Choosing the Right Supplement
For most backyard flock keepers, a water-soluble poultry vitamin B-complex powder is the most practical option. These products dissolve in the flock’s drinking water and deliver a broad spectrum of B vitamins simultaneously, which is useful because deficiencies rarely involve just one B vitamin in isolation. Poor feed quality tends to lack multiple B vitamins at once.
For individual sick birds, the same water-soluble powder can be mixed at a higher concentration in a small amount of water and given by syringe. Some poultry supply stores also carry injectable B-complex solutions intended for livestock. These get the vitamins into the bird’s system faster and bypass the digestive tract entirely, which matters for birds that aren’t eating or drinking. If you’re not comfortable giving injections, oral dosing with a syringe is effective for all but the most severe cases.
B vitamins are water-soluble, meaning the body excretes what it doesn’t need rather than storing it. This makes toxicity from supplementation unlikely under normal circumstances. That said, excessively high or imbalanced vitamin levels in breeding hens can affect embryo survival, so follow label directions and don’t treat “more” as automatically “better” when supplementing laying or breeding flocks.
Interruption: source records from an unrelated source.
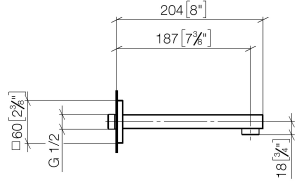

SYMETRICS eSET Touchfree Basin mixer without pop-up waste with temperature setting - Chrome

ST 010 205 2980

- 185mm projection
- fixed spout
- circular, air-enriched flow
- hole diameter 37 mm
- rosette 60 x 60 mm
- 1/2" connection
- plug-link mounting
- max. flow 7 l/min
- lead-free
- WRAS 1904065

For Touchfree control please order eSet Touchfree WITH or WITHOUT temperature adjustment

Recommended miscellaneous

Concealed wall elbow -

35 085 970 90

- max. recess depth 163 mm
- min. recess depth 90 mm

SYMETRICS eSET Touchfree Basin mixer without pop-up waste with temperature setting - Chrome

ST 010 205 2980

SYMETRICS eSET Touchfree Basin mixer without pop-up waste with temperature setting - Chrome

ST 010 205 2080
mm [inches]

Preventing Deficiency Through Diet
The best long-term fix is ensuring your flock’s base diet contains adequate B vitamins. A quality commercial poultry feed formulated for your birds’ life stage (starter, grower, layer) should provide sufficient levels. Problems arise when birds eat mostly scratch grains, table scraps, or improperly stored feed where vitamins have degraded.
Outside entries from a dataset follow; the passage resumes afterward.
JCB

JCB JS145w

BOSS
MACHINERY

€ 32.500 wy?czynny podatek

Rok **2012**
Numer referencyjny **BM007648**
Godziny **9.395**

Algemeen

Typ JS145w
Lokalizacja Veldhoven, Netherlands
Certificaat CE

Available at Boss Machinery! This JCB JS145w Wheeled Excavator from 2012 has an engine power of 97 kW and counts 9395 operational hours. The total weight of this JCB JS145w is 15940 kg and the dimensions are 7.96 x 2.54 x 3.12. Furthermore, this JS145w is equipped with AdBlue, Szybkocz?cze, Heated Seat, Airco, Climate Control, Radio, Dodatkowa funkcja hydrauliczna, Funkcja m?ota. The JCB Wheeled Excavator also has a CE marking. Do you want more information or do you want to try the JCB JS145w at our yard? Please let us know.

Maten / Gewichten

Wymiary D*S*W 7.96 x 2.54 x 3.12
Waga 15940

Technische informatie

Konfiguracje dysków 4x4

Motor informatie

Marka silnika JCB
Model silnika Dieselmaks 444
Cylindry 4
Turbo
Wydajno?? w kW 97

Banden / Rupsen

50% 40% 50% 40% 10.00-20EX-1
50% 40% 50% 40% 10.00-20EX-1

Adding brewer’s yeast or nutritional yeast to the feed is a popular and effective prevention strategy. Yeast is naturally rich in B1, B2, B6, and other B vitamins. Research on yeast supplementation in poultry uses a rate of about 2% of the total feed by weight, which translates to roughly one tablespoon per pound of feed. You can mix it directly into the feed or sprinkle it on top. Many flock keepers add it as a regular supplement, especially for chicks and birds recovering from illness.
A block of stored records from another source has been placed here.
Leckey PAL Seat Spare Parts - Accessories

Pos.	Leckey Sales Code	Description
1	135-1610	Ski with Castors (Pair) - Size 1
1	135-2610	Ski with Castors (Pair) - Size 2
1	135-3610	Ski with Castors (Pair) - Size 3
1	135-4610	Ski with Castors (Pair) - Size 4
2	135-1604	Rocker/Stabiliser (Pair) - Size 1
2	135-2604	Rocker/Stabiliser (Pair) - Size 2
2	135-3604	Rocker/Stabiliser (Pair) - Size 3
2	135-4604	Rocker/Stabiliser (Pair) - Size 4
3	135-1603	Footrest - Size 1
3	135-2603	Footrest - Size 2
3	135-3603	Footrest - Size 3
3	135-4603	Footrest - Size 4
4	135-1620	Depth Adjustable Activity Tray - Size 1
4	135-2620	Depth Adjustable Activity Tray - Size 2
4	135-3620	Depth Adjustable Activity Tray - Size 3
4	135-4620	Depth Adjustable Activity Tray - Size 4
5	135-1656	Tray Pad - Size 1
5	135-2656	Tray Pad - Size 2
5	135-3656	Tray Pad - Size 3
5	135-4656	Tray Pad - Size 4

Chickens with access to pasture, insects, and varied foraging also tend to maintain better B-vitamin levels than confined birds on limited diets. Free-ranging alone isn’t a guarantee, but it provides a natural buffer against marginal deficiencies. If your birds are confined, the combination of a good commercial feed and occasional yeast supplementation covers most of the bases.
What Recovery Looks Like
Birds with mild deficiencies, reduced appetite, slight lethargy, or early growth problems, often improve noticeably within a few days of supplementation. Neurological symptoms like head tremors and curled toes take longer, typically two to three weeks for significant improvement when treatment starts early enough. Egg production in hens recovering from B6 deficiency generally rebounds within two weeks of restoring normal vitamin levels.
Severe or prolonged nerve damage may not fully reverse. A chicken that has been stargazing for days or a chick with advanced curled-toe paralysis may retain some permanent disability even with aggressive supplementation. This is why speed matters. If you notice any of the early warning signs, especially lethargy, appetite loss, or unsteady movement, start supplementation right away rather than waiting to see if symptoms progress.